| Problem description |
Gather from the listing below each line that includes the word "Kowloon", and copy it.

| Source records |
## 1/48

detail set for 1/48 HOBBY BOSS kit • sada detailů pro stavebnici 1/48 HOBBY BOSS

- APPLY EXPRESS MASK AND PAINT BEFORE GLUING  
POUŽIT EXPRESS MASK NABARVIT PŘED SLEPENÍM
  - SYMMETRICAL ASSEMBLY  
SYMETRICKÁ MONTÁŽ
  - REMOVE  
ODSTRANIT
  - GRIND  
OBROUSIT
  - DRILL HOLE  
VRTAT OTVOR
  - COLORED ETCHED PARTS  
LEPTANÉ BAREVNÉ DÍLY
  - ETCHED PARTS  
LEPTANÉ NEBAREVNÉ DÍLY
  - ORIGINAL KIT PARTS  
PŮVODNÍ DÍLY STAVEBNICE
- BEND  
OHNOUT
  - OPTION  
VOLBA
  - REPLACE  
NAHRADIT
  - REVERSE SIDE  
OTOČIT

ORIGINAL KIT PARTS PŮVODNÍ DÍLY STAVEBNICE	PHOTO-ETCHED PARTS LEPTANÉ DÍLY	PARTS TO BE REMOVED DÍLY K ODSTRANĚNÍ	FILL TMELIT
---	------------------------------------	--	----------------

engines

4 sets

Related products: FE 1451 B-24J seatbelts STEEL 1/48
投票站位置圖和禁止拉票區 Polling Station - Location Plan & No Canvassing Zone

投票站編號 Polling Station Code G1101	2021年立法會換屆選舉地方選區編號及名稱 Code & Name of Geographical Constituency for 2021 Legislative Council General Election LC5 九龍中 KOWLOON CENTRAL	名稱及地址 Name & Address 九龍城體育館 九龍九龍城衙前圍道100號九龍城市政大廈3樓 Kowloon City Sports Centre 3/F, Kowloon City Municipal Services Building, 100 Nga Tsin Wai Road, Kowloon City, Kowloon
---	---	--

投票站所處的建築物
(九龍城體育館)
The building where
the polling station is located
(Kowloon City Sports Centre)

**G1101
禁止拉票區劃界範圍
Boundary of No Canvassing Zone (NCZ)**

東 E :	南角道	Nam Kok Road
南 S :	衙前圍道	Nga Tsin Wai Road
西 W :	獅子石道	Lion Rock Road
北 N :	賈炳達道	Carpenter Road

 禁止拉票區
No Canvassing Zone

| Written answer |
投票站編號 Polling Station Code G1101	2021年立法會換屆選舉地方選區編號及名稱 Code & Name of Geographical Constituency for 2021 Legislative Council General Election LC5 九龍中 KOWLOON CENTRAL	名稱及地址 Name & Address 九龍城體育館 九龍九龍城衙前圍道100號九龍城市政大廈3樓 Kowloon City Sports Centre 3/F, Kowloon City Municipal Services Building, 100 Nga Tsin Wai Road, Kowloon City, Kowloon
(Kowloon City Sports Centre)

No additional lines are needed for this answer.